Furthermore, leveraging the exceptional capabilities of large multimodal models, we propose a new image deepfake detection, localization, and explanation framework, named SIDA (Social media Image Detection, localization, and explanation Assistant). SIDA not only discerns the authenticity of images but also delineates tampered regions through mask prediction and provides textual explanations of the model’s judgment criteria. Compared with state-of-the-art deepfake detection models on SID-Set and other benchmarks, extensive experiments demonstrate that SIDA achieves superior performance.
- 🔥 The code and dataset are coming soon
- 🔥 (26-02-2025) SIDA has been accepted by CVPR2025! The code and dataset will be released recently.
- 🔥 (16-03-2025) Code release.
- 🔥 (20-03-2025) Code, datasets, and models updated.
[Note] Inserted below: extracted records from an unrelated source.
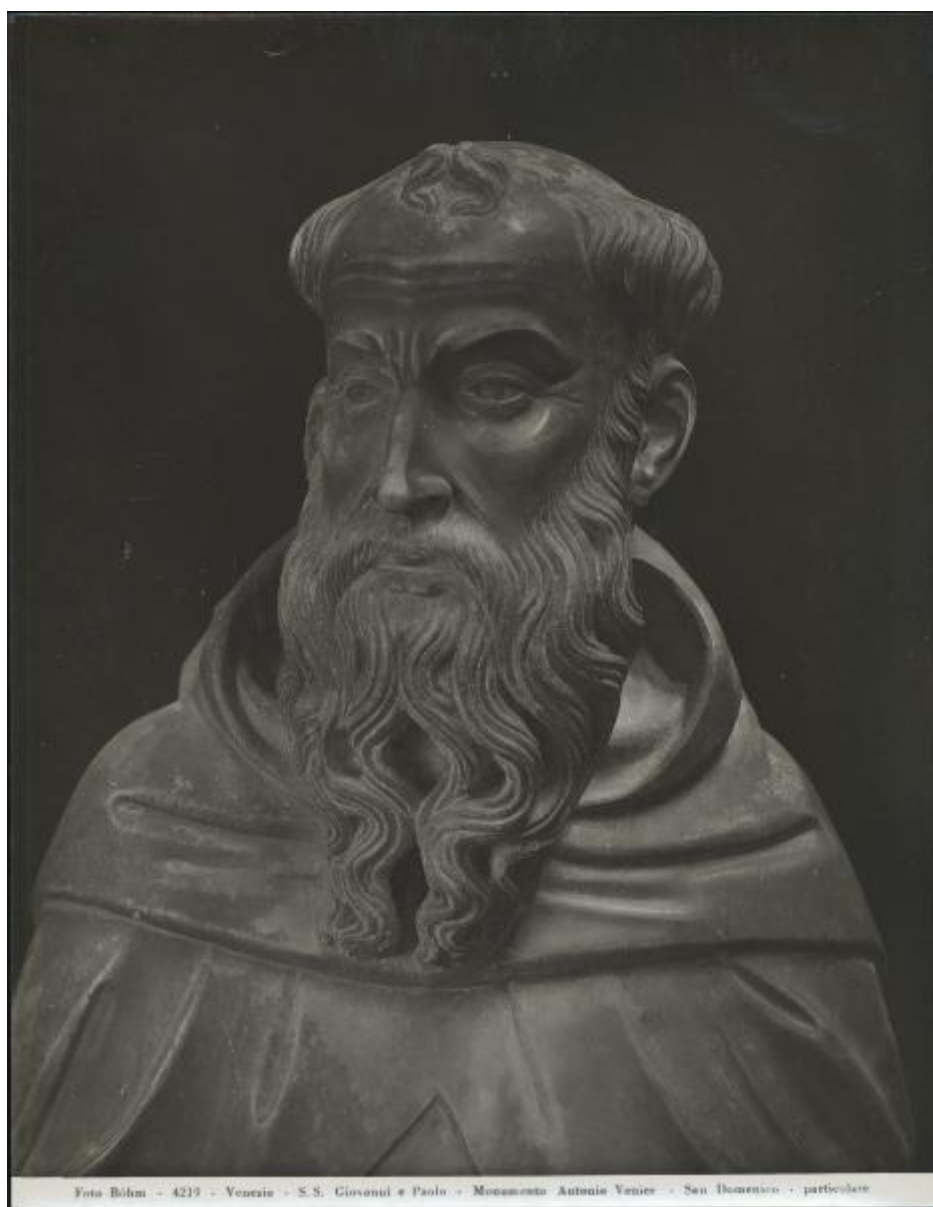

Foto Böhm - 4219 - Venezia - S.S. Giovanni e Paolo - Mosaico - Antonio Zanetti - San Domenico - particolare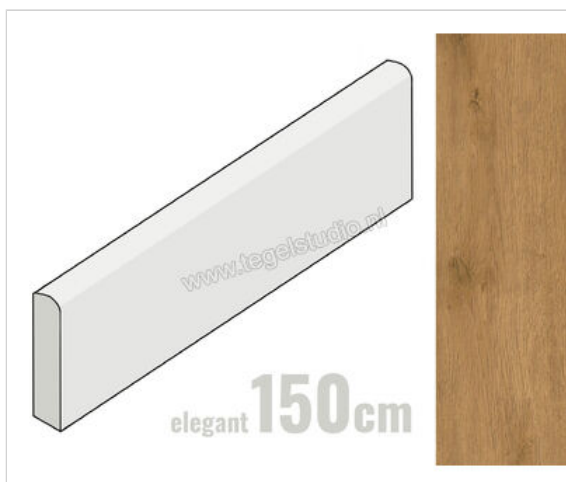

Atlas Concorde Entice Copper 7.2x150 cm Plint elegant Mat Vlak Matt

36,53 €/Stuk

Verpakkingseenheid 6 Stuk (6 Stuks)

Artikelnummer	A85G
Fabrikant	Atlas Concorde
Serie	Entice
Kleur	Copper
Formaat	7.2x150cm
Dikte	0,9 cm
EAN nummer	0788845784421
Soort	Plint
Materiaal	Porcellanato
Oppervlakte	Vlak
Oppervlakte optiek	Mat
Kleurspel	V2
Oppervlaktefinish	Matt
Vorstbestendig	Ja
Gerectificeerd	Ja
Gewicht	2,37 KG/Stuk
Stuks per pakket	6
Stuks per pallet	270
Bestel-/levertijd	Levertijd c.a. 3 weken
Sortering	1
	vlak mat matt

pip install -r requirements.txt
We provide two methods to access the SID_Set dataset:
-
Public Access via Hugging Face The full training set and validation set are publicly available on Hugging Face. To load SID_Set, follow the instructions in the Hugging Face Datasets documentation. You can also explore visual examples directly through the dataset viewer on the platform.
-
Download from Google Drive Alternatively, you can download the train.zip and validation.zip files for SID_Set from Google Drive. Due to size limitations, we’ve split the train_full_synthetic set into two parts. After downloading, please place both parts in a train/ directory.
For the test set, we provide only a single test.zip file to minimize the risk of data contamination (e.g., from foundation models crawling the test set for training). You can download it here.
To train SIDA, we use the SID_Set dataset. For access to SID_Set, please refer to the Dataset Access section. If you download SID_Set through Google Drive, please organize the files as follows:
├── SID_Set
│ ├── train
│ │ └──real
│ │ └──full_synthetic
│ │ └──masks
│ │ └──tampered
│ ├── validation
│ │ ├── real
│ │ ├── full_synthetic
│ │ ├── masks
│ │ └──tampered
Note: The existing training code is designed for downloading the SID_Set from Google Drive. If you download datasets from Hugging Face, please refer to the relevant documentation for instructions on how to use the dataset.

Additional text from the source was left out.